• [GOAL OF THE EXERCISE] Write out, word for word, each line from the start of the entries through the one holding "Size: 530 x 360 x 345 mm"; omit the pictures.

┄┄┄┄┄┄

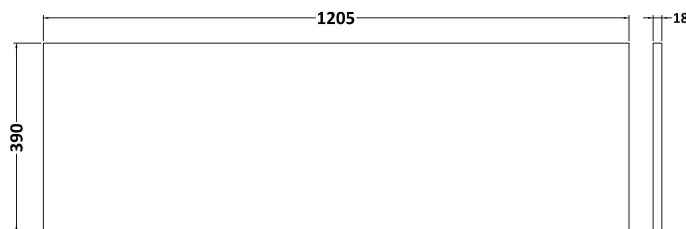

Packaging Dimensions

Height (mm):	560
Width (mm):	620
Depth (mm):	405
Gross Weight (kg):	23

Packaging Data

Box Colour:	Brown Cardboard Box
Box Qty:	1
Label Size:	100 x 50
Label Colour:	White Label
Label Qty:	2

Outer Box Dimensions (If Applicable)

Height (mm):	
Width (mm):	
Depth (mm):	
Gross Weight (kg):	
Barcode:	5056462696423

Product Details

Country of Origin:	United Kingdom
Fitting Instruction:	No
CE Certification:	N/A
FSC Certified Materials:	Yes
Colour:	Graphite Grey Woodgrain
Construction Method:	Cam & Wood Dowel
Construction Type:	Rigid
Cabinet Finish:	MFC Textured Woodgrain
Fascia Finish:	MFC Textured Woodgrain
Cabinet Thickness (mm):	18
Fascia Thickness (mm):	18
Drawer Included:	Yes
Drawer Type:	80mm High Metal S/C Inc Galler
No of Shelves:	0
Hinge Type:	Not Applicable
Hinge Included:	No
Adjustable Legs:	No
Fixings Included:	Yes
Handle Style:	Not Applicable
Waste Shroud:	Yes
Handle Included:	No, Not Required
Handle Type:	Handleless

Sales Code: MWD2220

Description: 1200 Worktop (1205X390x18mm)

Product Dimensions

Height (mm):	18
Width (mm):	1205
Depth (mm):	390
Nett Weight (kg):	5

Packaging Dimensions

Height (mm):	25
Width (mm):	1225
Depth (mm):	410
Gross Weight (kg):	5

Packaging Data

Box Colour:	Brown Cardboard Box - Printed
Box Qty:	1
Label Size:	100 x 50
Label Colour:	Not Applicable
Label Qty:	0

Outer Box Dimensions (If Applicable)

Height (mm):	
Width (mm):	
Depth (mm):	
Gross Weight (kg):	
Barcode:	5056462657561
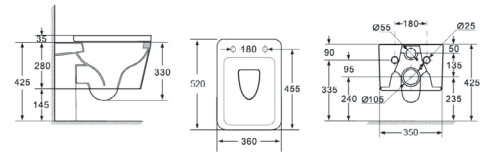

OR-HAB002

OR-HAB003

Flushing Principle:
Wall Hung Toilet

Size: 530 x 360 x 345 mm

Optional Accessories:
Soft-closing seat cover

OR-HAB013

Flushing Principle:
Wall Hung Toilet

Size: 500 x 360 x 350 mm

Optional Accessories:
Soft-closing seat cover

OR-HAB014

Flushing Principle:
Wall Hung Toilet

Size: 520 x 350 x 330 mm

Optional Accessories:
Soft-closing seat cover

OR-HAB015

Flushing Principle:
Wall Hung Toilet

Size: 525 x 360 x 330 mm

Optional Accessories:
Soft-closing seat cover

OR-HAB016

Flushing Principle:
Wall Hung Toilet

Size: 520 x 360 x 330 mm

Optional Accessories:
Soft-closing seat cover

A

wall-hung toilet makes it simple to clean beneath the bowl, and its smooth surfaces make it easy to wipe down.
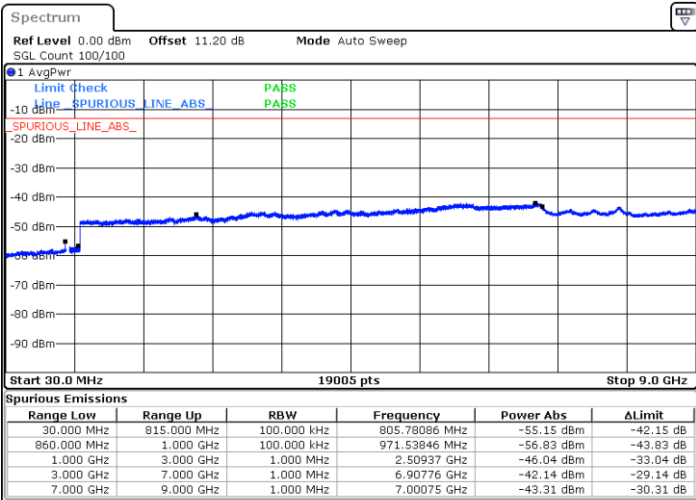

Date: 4 JUN 2020 18:46:47

Date: 4 JUN 2020 18:42:06

Lowest Channel / FullIRB

N/A

Date: 4 JUN 2020 18:47:43

LTE Band 5B / 10MHz+5MHz

64QAM

Middle Channel / 1RB0 and 1RB24

Middle Channel / 1RB49 and 1RB0

Date: 4 JUN 2020 19:27:30

Date: 4 JUN 2020 19:32:10

Middle Channel / FullIRB

N/A

Date: 4 JUN 2020 19:26:33

LTE Band 5B / 10MHz+5MHz

64QAM

Highest Channel / 1RB0 and 1RB24

Highest Channel / 1RB49 and 1RB0

Date: 4 JUN 2020 19:15:47

Date: 4 JUN 2020 19:14:51

Highest Channel / FullIRB

N/A

Date: 4 JUN 2020 19:20:28

LTE Band 5B / 10MHz+10MHz

64QAM

Lowest Channel / 1RB0 and 1RB49

Lowest Channel / 1RB49 and 1RB0

Date: 4 JUN 2020 19:58:13

Date: 4 JUN 2020 19:53:31

Lowest Channel / FullIRB

N/A

Date: 4 JUN 2020 19:59:09
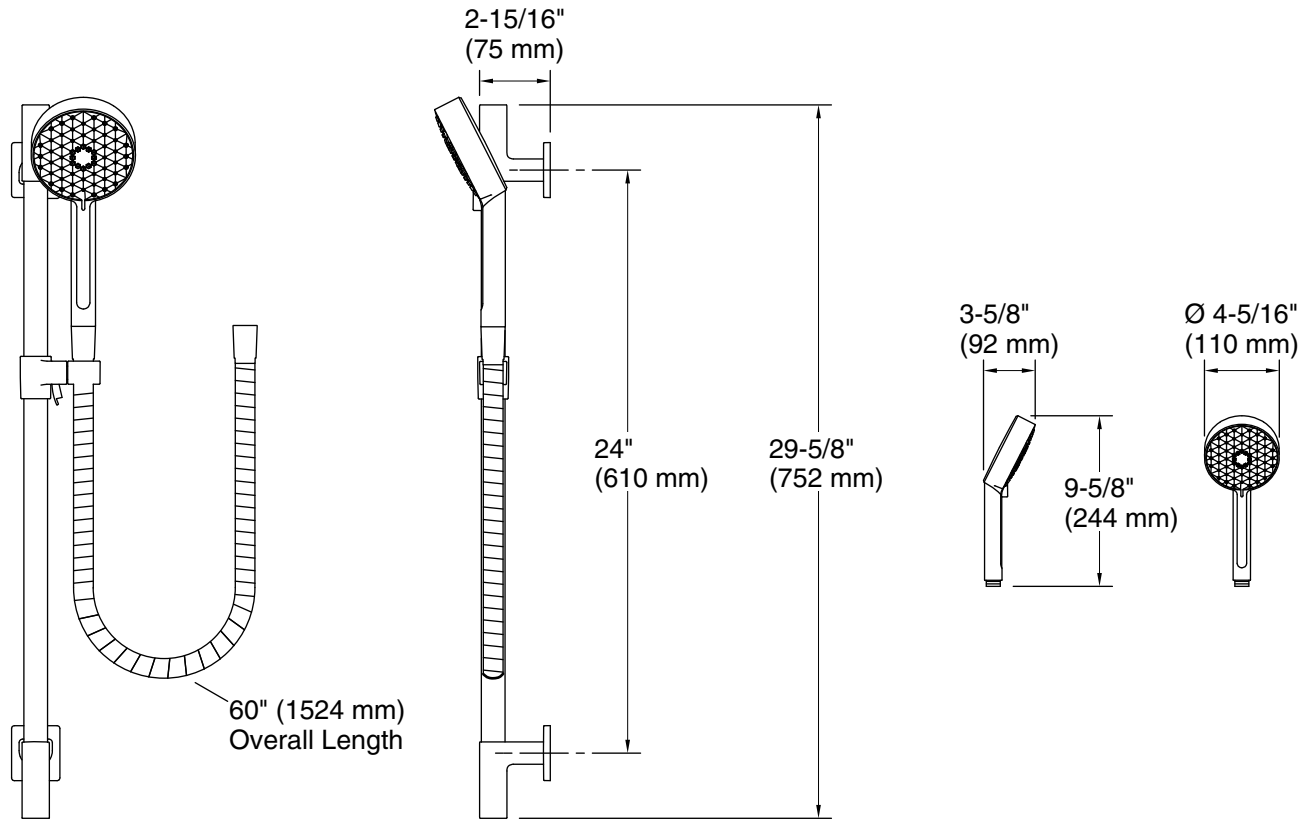

Features

- Handshower features contemporary design.
- Three spray functions with ADA non-positive shut off.
- Thumb tab allows for a smooth transition between sprays.
- 24-inch slidebar features adjustable mounting brackets for installation flexibility.
- Includes 60-inch smooth hose.

K-98350 wall-mount supply elbow

K-98351 wall-mount supply elbow with check valve

Included Components

Additional Components:

60-inch smooth hose

Codes/Standards

ASME A112.18.1/CSA B125.1
DOE - Energy Policy Act 1992
EPA WaterSense®
California Energy Commission (CEC)
ADA
ICC/ANSI A117.1
OBC

Technical Information

All product dimensions are nominal.

Handshower:

Rated maximum flow: 1.75 gal/min (6.6 l/min)

Notes

Install this product according to the installation instructions.

Plumbing codes require approved backflow prevention devices to be installed in-line to handshowers. Please consult with local plumbing officials.

┄┄┄┄┄┄

• [SOLUTION]
Packaging Dimensions

Height (mm):	560
Width (mm):	620
Depth (mm):	405
Gross Weight (kg):	23

Packaging Data

Box Colour:	Brown Cardboard Box
Box Qty:	1
Label Size:	100 x 50
Label Colour:	White Label
Label Qty:	2

Outer Box Dimensions (If Applicable)

Height (mm):	
Width (mm):	
Depth (mm):	
Gross Weight (kg):	
Barcode:	5056462696423

Product Details

Country of Origin:	United Kingdom
Fitting Instruction:	No
CE Certification:	N/A
FSC Certified Materials:	Yes
Colour:	Graphite Grey Woodgrain
Construction Method:	Cam & Wood Dowel
Construction Type:	Rigid
Cabinet Finish:	MFC Textured Woodgrain
Fascia Finish:	MFC Textured Woodgrain
Cabinet Thickness (mm):	18
Fascia Thickness (mm):	18
Drawer Included:	Yes
Drawer Type:	80mm High Metal S/C Inc Galler
No of Shelves:	0
Hinge Type:	Not Applicable
Hinge Included:	No
Adjustable Legs:	No
Fixings Included:	Yes
Handle Style:	Not Applicable
Waste Shroud:	Yes
Handle Included:	No, Not Required
Handle Type:	Handleless

Sales Code: MWD2220

Description: 1200 Worktop (1205X390x18mm)

Product Dimensions

Height (mm):	18
Width (mm):	1205
Depth (mm):	390
Nett Weight (kg):	5

Packaging Dimensions

Height (mm):	25
Width (mm):	1225
Depth (mm):	410
Gross Weight (kg):	5

Packaging Data

Box Colour:	Brown Cardboard Box - Printed
Box Qty:	1
Label Size:	100 x 50
Label Colour:	Not Applicable
Label Qty:	0

Outer Box Dimensions (If Applicable)

Height (mm):	
Width (mm):	
Depth (mm):	
Gross Weight (kg):	
Barcode:	5056462657561

OR-HAB002

OR-HAB003

Flushing Principle:
Wall Hung Toilet

Size: 530 x 360 x 345 mm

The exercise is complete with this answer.